▸ Data for review
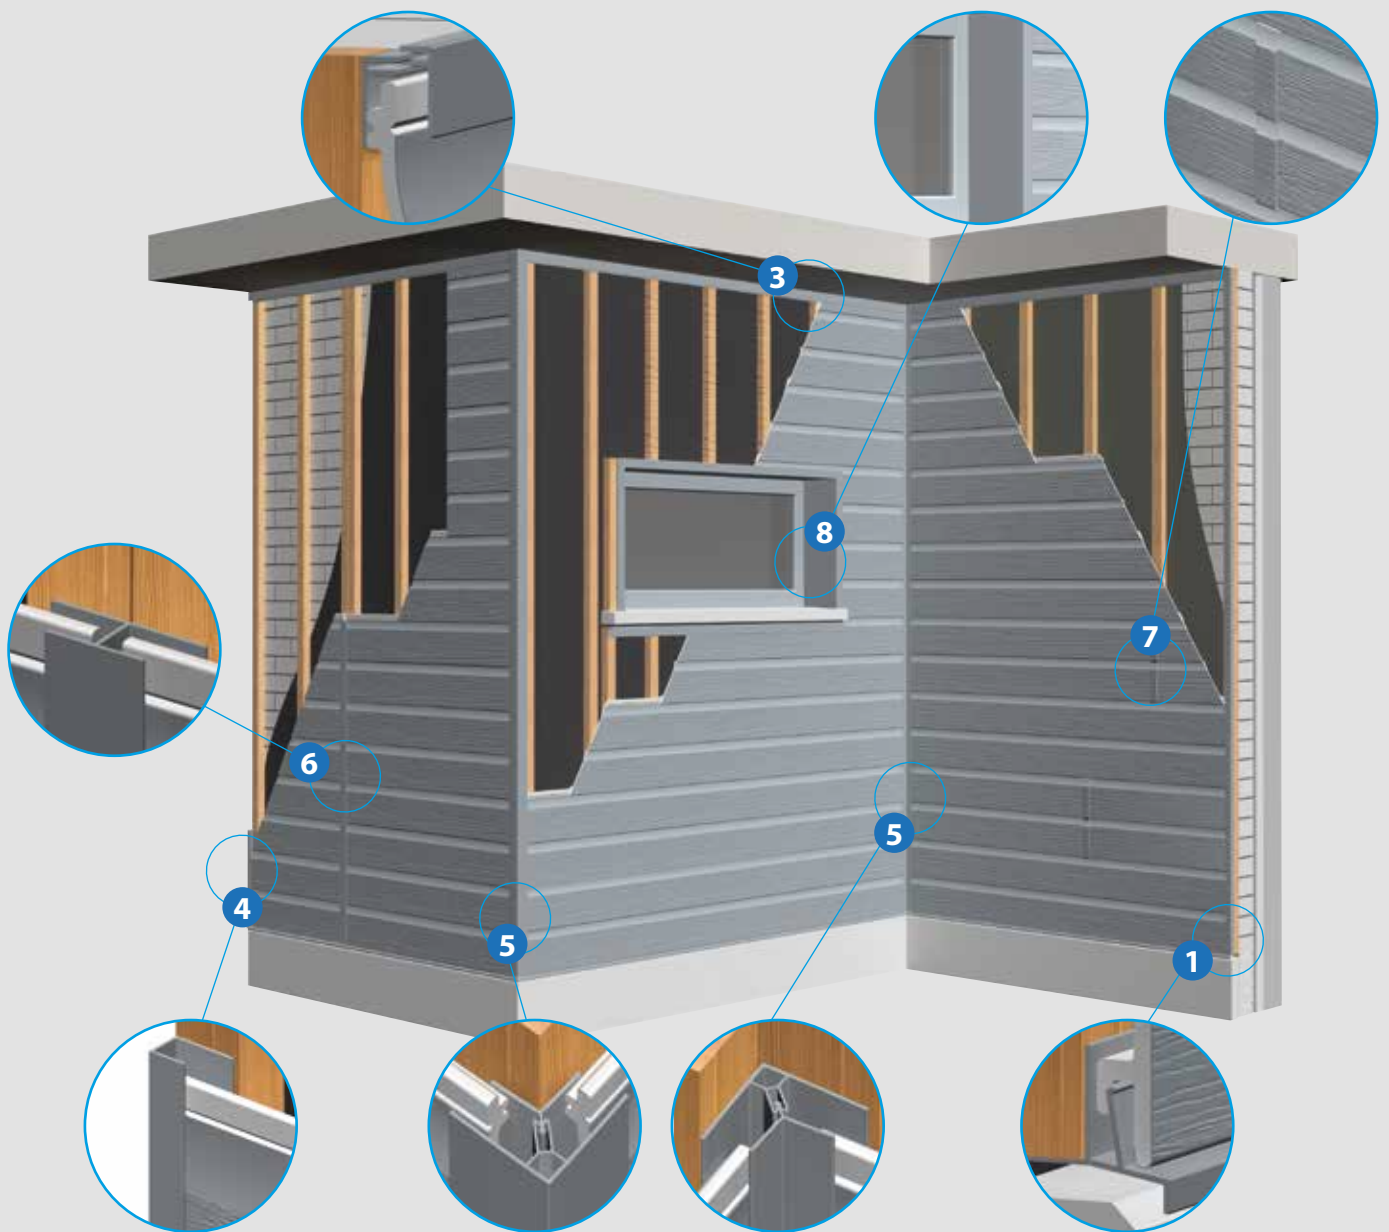

5 VOEGPROFIEL

6 VERBINDINGSTUK

7 RAAMAFWERKING

De afwerkingsprofielen zijn verkrijgbaar in dezelfde kleuren als de gevelbekleding. Het kleurenoverzicht vindt u op p. 7

Installatie standaard gevelbekleding in pvc

Dubbele rabat 300 pvc (P 1024)

EENVOUDIG TE PLAATSEN DANKZIJ HET TAND- EN GROEFSYSTEEM

TIP!

Door de dubbele hoogte gaat de plaatsing van deze plank ook dubbel zo snel!

1

WATERLIJST

2

STARTPROFIEL

3

KLIPSBAAR
AFWERKINGSPROFIEL

4

RANDPROFIEL

5

BINNEN- EN BUITENHOEK

6

VOEGPROFIEL
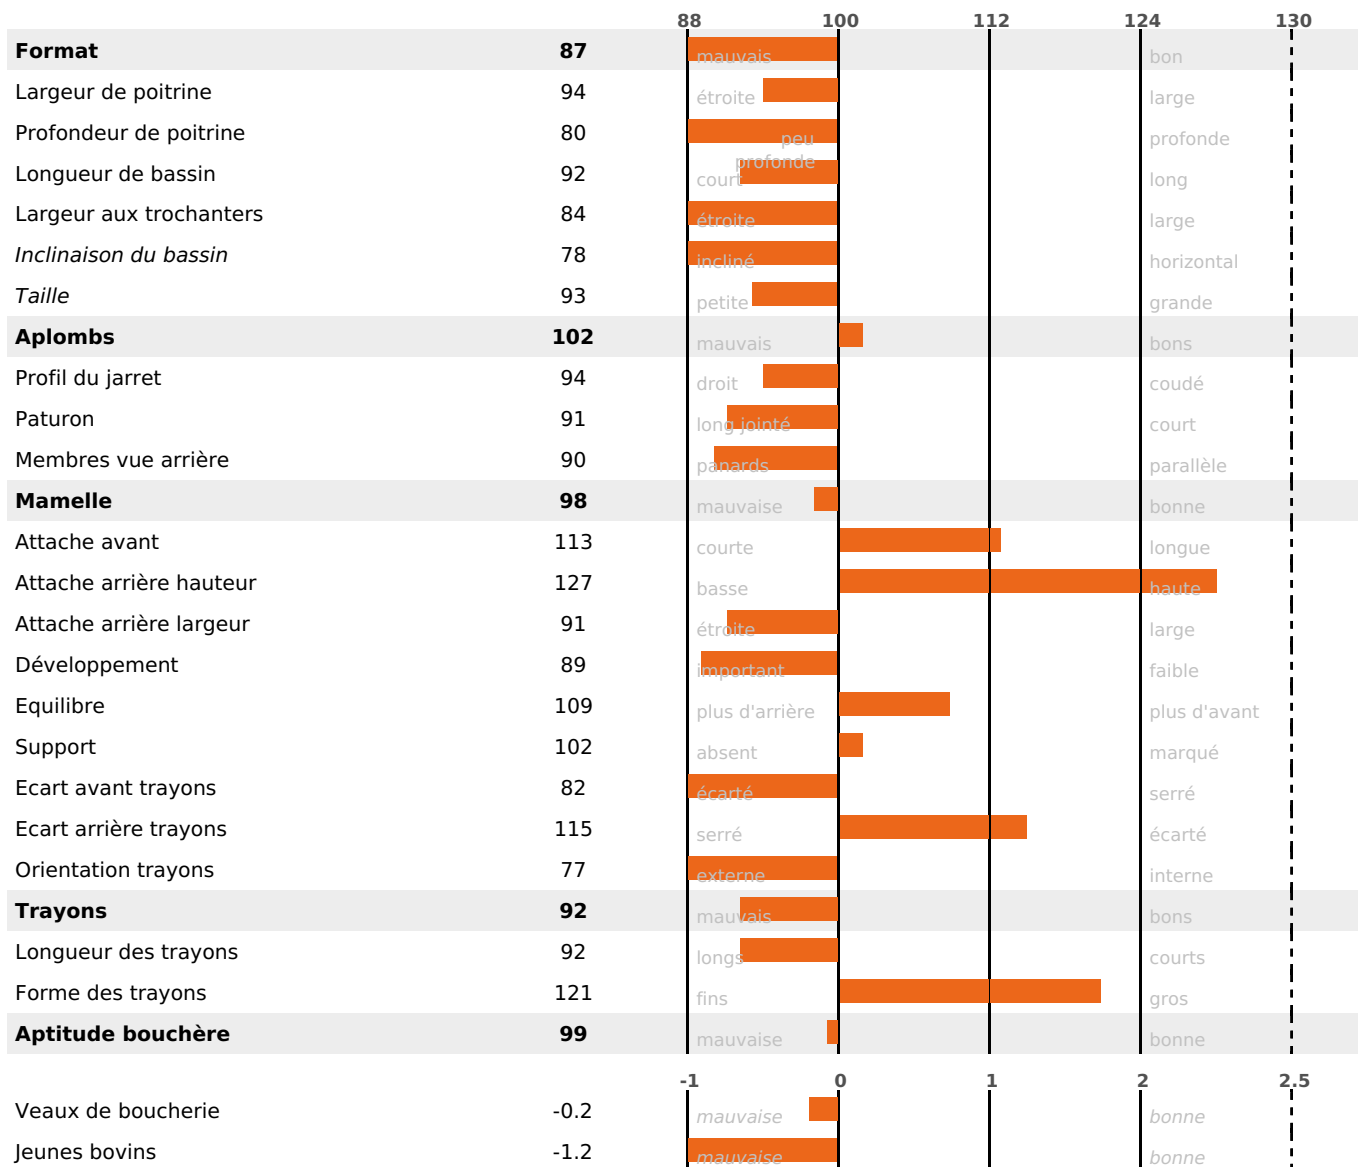

PRODUCTION

Synthèse laitière -18

148 fille(s) - 124 troupeau(x) - **CD 95%**

LAIT	MP	MG	TP	TB	K-CAS	B-CAS
+304	-11	-14	-3.1	-3.7	BB	A2A2

FONCTIONNELS

MILCA : MIF / MTCP : MTF
MTETR : NC

NAI	VEL	VIN	VIV
95	90	95	95

SANTÉ

0.8

NOU
VEAU

127 fille(s) - 108 troupeau(x) - **CD 85**

FR 2547072043 - N° 72747
 NAISSEUR : GAEC DE PIERLEY
 MÈRE : URAWA
 2-305 8182KG 38.3 35,4
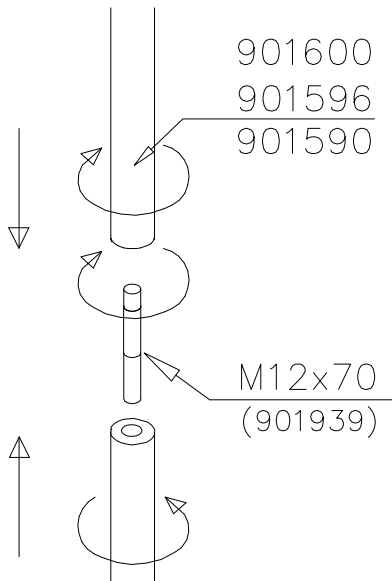

DET 3

BOOM OPTIONS		
706510	706510-602	DARK BROWN
	706510-603	LIGHT BROWN
	706510-604	LIGHT GRAY
45x120x1030		

DET 1

DET 2 M8x60
(909866)

DET 3

① 900240	PCS 4	② 900342	PCS 2
			
Ø8x70		M8x16	
③ 901900	PCS 2	④ 901939	PCS 1
			
20.5x36.2x56		M12x70	
⑤ 909850	PCS 1	⑥ 980150	PCS 1
			
M8x25		M8	
⑦ 901182	PCS 1	⑧ 901902	PCS 2
			
Ø11/M8x40		30.7x60.9x100	
	PCS		PCS
	PCS		PCS
○ 907829	PCS 1	○ 907698	PCS 1
			
Ø33,7x1454		Ø33,7x2054	
○ 907817	PCS 1	○ 907695	PCS 1
			
Ø33,7x2554			

DET 1

DET 2

DET 3

DET 4

① 900240	PCS	② 900342	PCS
	12		2
Ø8x70		M8x16	
③ 901182	PCS	④ 901900	PCS
	1		2
Ø11/M8x40		20.5x36.2x56	
⑤ 901902	PCS	⑥ 909256	PCS
	2		4
30.7x60.9x100		Ø16/8.4x1.6	
⑦ 909633	PCS	⑧ 909850	PCS
	1		1
M8		M8x25	
⑨ 909855	PCS	⑩ 980107	PCS
	4		3
M8x35		Ø6x60	
⑪ 980123	PCS	⑫ 980128	PCS
	2		4
Ø7x60		Ø7x40

▸ Brief
Your task is to count the lines in the material containing the word "troupeau" and to state only that number.

▸ Your solution
2